The police booked the petitioner because an official inquiry concluded that he had made false and unsubstantiated allegations regarding the misuse of an Other Backward Classes (OBC) certificate by an individual to gain public employment.
Justice Sumeet Goel was hearing the plea of a man seeking to nullify the criminal complaint filed against him under Section 66 of the Punjab Police Act.
“This court is cognisant of the alarming proliferation of frivolous and vexatious complaints where baseless allegations are routinely weaponized to unsettle the administration of justice,” the high court observed on March 5.
Background
The petitioner, Vinod Kumar, a social worker, had submitted a representation to the commissioner of police, Ludhiana, alleging that an individual had secured public employment through the misuse of an OBC certificate.
A subsequent police inquiry conducted by a senior officer concluded that the allegations were unsubstantiated and had cast aspersions on a judicial officer.

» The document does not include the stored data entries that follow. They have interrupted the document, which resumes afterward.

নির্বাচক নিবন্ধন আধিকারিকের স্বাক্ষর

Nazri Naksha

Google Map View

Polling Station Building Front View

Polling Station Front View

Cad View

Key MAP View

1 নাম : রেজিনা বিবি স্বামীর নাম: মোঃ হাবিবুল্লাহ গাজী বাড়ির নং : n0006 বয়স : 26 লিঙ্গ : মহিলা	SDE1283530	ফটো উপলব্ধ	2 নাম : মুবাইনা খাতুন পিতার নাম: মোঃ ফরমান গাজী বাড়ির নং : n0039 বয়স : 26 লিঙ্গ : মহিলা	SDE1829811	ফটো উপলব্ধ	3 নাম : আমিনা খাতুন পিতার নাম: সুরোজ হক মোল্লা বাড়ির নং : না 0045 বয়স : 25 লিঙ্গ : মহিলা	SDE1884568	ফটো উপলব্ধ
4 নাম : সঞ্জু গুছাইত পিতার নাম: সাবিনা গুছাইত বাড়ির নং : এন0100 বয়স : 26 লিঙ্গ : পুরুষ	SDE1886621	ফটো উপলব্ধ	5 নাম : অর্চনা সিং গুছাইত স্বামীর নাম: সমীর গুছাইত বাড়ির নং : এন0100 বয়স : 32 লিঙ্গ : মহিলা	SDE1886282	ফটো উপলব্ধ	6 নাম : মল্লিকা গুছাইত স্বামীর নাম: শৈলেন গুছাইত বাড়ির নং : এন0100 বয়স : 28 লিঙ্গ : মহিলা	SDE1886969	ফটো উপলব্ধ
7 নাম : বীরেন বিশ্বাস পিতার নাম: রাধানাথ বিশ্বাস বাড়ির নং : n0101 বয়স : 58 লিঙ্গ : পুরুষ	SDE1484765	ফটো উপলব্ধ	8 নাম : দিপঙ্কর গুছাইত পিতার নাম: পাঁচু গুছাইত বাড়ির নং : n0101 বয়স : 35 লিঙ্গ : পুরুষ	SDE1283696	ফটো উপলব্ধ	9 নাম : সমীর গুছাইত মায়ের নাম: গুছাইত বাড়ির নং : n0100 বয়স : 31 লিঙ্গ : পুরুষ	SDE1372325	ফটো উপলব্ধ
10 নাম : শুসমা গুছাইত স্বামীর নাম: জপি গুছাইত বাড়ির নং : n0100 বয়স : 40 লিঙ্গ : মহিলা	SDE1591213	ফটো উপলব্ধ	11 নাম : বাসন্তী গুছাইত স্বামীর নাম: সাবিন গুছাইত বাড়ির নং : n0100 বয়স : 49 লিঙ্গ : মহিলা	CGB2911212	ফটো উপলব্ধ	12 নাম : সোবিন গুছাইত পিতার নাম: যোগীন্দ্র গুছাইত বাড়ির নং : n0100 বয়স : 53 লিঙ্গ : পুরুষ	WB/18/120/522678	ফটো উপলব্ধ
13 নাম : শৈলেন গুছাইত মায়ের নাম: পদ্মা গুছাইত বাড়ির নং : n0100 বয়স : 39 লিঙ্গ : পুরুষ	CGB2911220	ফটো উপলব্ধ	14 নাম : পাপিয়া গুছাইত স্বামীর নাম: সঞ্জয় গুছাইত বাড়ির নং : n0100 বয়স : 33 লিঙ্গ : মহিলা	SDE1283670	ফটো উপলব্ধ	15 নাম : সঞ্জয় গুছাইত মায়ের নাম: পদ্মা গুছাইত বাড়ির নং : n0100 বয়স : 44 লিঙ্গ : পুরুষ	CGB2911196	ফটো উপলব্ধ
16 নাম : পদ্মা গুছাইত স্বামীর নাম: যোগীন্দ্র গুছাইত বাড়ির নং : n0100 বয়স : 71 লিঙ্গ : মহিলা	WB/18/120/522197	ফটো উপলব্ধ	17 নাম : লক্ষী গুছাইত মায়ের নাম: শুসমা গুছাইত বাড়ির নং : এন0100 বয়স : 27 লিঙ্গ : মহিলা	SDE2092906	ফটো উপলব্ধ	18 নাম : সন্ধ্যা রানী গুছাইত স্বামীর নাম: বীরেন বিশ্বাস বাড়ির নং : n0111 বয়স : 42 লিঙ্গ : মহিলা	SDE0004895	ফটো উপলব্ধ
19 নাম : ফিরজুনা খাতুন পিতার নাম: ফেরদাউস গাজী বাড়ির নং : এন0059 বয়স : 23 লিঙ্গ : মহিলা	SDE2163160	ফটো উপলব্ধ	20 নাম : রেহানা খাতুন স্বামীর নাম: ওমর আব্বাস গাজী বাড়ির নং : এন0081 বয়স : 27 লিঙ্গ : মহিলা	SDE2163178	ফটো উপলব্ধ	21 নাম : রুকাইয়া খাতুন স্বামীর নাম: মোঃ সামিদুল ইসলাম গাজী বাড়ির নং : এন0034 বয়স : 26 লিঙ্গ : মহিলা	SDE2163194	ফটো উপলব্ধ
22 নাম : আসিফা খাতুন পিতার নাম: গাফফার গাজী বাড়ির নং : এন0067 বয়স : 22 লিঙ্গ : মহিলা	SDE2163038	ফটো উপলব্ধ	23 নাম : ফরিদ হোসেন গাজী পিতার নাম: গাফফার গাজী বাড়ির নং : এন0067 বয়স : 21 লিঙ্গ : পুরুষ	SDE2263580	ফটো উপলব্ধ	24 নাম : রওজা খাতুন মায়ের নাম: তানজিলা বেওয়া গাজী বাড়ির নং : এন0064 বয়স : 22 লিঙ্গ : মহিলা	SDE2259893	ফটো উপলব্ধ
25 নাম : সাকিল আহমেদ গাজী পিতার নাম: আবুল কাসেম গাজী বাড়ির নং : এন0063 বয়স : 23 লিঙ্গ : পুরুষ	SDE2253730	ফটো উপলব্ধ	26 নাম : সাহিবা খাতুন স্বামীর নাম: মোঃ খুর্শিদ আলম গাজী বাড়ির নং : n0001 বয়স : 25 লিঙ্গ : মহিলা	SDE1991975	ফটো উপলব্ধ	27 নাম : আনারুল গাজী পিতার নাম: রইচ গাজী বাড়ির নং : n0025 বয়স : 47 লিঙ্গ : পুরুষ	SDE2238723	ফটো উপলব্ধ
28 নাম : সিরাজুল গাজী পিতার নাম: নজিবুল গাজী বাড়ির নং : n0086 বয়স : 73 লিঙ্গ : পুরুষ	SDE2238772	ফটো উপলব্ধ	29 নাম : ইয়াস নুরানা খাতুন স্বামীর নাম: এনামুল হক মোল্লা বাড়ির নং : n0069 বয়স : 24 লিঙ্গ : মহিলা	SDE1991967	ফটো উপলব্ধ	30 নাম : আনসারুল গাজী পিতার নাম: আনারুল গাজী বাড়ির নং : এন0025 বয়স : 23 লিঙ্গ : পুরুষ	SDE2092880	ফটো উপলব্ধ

Based on this report, directions were issued to a station house officer (SHO) to initiate proceedings against the petitioner.

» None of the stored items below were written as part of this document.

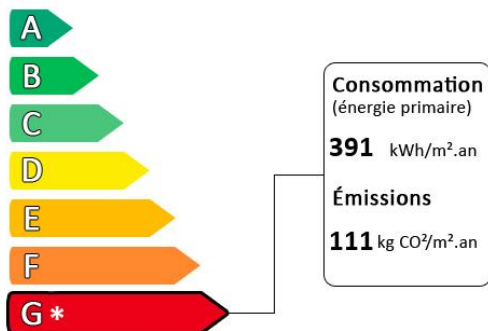

Colmar maraîchers maison individuelle sur 11.22 ares

Prix : 490 000€

Honoraires à la charge du vendeur

Diagnostic de performance énergétique (DPE)

Logement très performant

Surface habitable : 100 m²
Surface du terrain : 1122 m²
Nombre de pièces : 5
Nombre de chambres : 3
Chauffage : Chauffage fuel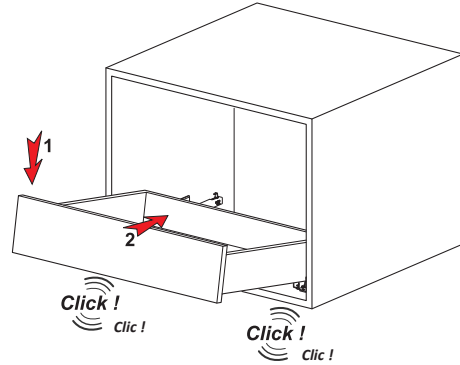

1

Not: Çekmece taban kalınlığı 12 mm'den küçük olduğunda, açılı mandal bağlama deliklerini kullanınız.

Remarque: Utilisez les trous obliques pour monter la serrure intelligente si la largeur de la planche de bois est inférieure à 12 mm.

2

3

Somunu çevirerek, yukarıya doğru ayar yapabilirsiniz.
Vous pouvez régler le positionnement vertical en tournant le bouton.

Somunu çevirerek, sağ-sol ayarını yapabilirsiniz.
Vous pouvez régler le positionnement gauche-droite en tournant le bouton.

Mandal kollarına aynı anda basarak, çekmeceyi kolayca yerinden çıkarabilirsiniz.
Vous pouvez facilement sortir le tiroir en appuyant simplement sur le loquet smart lock.

Smart El Tipi Ray
Montaj Şablonu
Gabarit de forage intelligent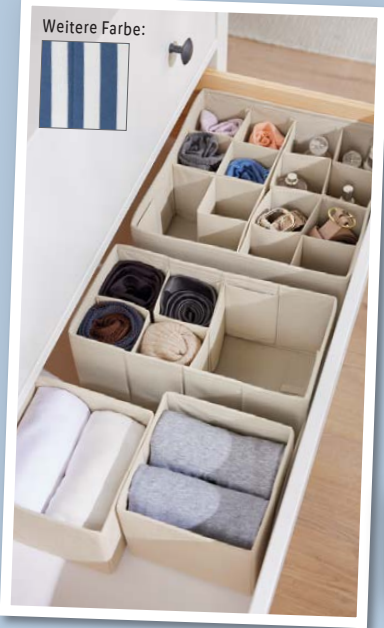

ab Mittwoch, 8.5.

Weitere Farbe:

LIVARNO home
Schubladen-Organizer

4er-Set: 2 Ordnungsbboxen (je ca. B 14,6 x H 12,6 x B 14,6), 1 großer und 1 mittlerer Organizer (ca. B 28/14,6 x H 12,6 x T 28 cm) mit individuell anpassbaren Fächern. Zusammenfaltbar. Je Set

A Ludhiana magistrate subsequently issued a notice to the petitioner based on the SHO’s qalandra.
A qalandra is a police report or notice initiated to prevent breach of peace or public disorder and acts as a preventive legal proceeding, rather than a criminal complaint, requiring the accused to appear before a magistrate.
The petitioner challenged the proceedings, arguing they were “without jurisdiction” because the SHO, a subordinate officer, was not competent to file the complaint under Section 195 (bars courts from taking cognisance of specific offences) of the Criminal Procedure Code (CrPC).

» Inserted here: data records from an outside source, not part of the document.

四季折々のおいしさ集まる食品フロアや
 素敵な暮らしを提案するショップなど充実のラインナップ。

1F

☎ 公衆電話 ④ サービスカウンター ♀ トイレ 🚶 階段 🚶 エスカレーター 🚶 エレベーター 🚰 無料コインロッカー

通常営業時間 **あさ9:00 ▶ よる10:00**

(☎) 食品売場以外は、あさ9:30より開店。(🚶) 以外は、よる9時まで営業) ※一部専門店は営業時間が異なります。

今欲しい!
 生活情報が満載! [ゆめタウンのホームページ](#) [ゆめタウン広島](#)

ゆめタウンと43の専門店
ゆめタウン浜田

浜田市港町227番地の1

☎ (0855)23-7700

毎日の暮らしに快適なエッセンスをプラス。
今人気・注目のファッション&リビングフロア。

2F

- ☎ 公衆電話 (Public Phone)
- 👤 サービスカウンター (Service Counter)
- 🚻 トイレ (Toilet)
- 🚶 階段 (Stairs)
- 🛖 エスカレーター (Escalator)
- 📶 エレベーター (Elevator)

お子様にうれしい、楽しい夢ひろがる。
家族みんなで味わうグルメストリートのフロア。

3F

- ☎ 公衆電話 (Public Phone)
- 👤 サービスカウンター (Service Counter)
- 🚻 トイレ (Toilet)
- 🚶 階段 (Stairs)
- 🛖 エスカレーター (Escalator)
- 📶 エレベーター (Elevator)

The state contended that the SHO was an authorised officer and that the inquiry had revealed the petitioner’s allegations to be “false and motivated”.
‘Textbook example of procedural dereliction’
The legislature has also provided for a special procedure to be followed in the prosecution of these offences in Section 195 CrPC/215 BNSS, which deals with prosecution for contempt of lawful authority of public servants, for offences against public justice, and for offences relating to documents given in evidence.
The requirements contained in Section 195 CrPC/Section 215 BNSS are not merely directory but are mandatory jurisdictional pre-requisites.
These procedural mandates are frequently bypassed or treated with a sense of casual indifference.
The filing of the impugned qalandra without adherence to the strictures of Section 195 CrPC represents a textbook example of procedural dereliction, rendering the entire prosecutorial exercise a brutum fulmen (hollow thunderbolt) that unnecessarily squanders judicial time and state resources.
Filing of qalandra by the police under Section 195 of the CrPC is not a perfunctory procedural ritual, but a substantive exercise of sovereign power aimed at vindicating the majesty of the law.
While the provision is couched in restrictive terms, stipulating that “No court shall take cognizance….”, this statutory bar is not intended to stifle the ends of justice.
Rather, it acts as a sentinel on the qui vive (alert), ensuring that the machinery of law is triggered exclusively by the concerned public authority to prevent private vendettas from clogging the wheels of justice in matters where the state is the primary aggrieved party.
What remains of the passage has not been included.